● **What you should do**:
Your copy of the listing must be exact and must hold no images.

● **Study material**:
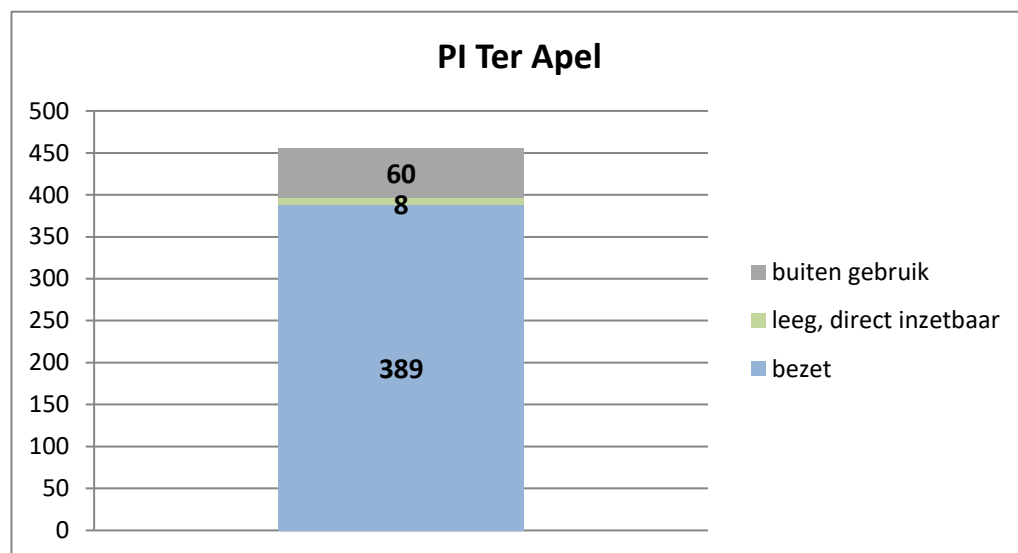

exclusief 96 plaatsen tbv internationale tribunalen

exclusief 24 plaatsen t.b.v. de KMAR

exclusief 6 plaatsen tbv Forzo

exclusief 72 plaatsen tbv JJI

PI Heerhugowaard - Zuyder Bos

PI Achterhoek (Zutphen)

Veldzicht (GW)

● **Written answer**:
exclusief 96 plaatsen tbv internationale tribunalen

exclusief 24 plaatsen t.b.v. de KMAR

exclusief 6 plaatsen tbv Forzo

exclusief 72 plaatsen tbv JJI

PI Heerhugowaard - Zuyder Bos

PI Achterhoek (Zutphen)

Veldzicht (GW)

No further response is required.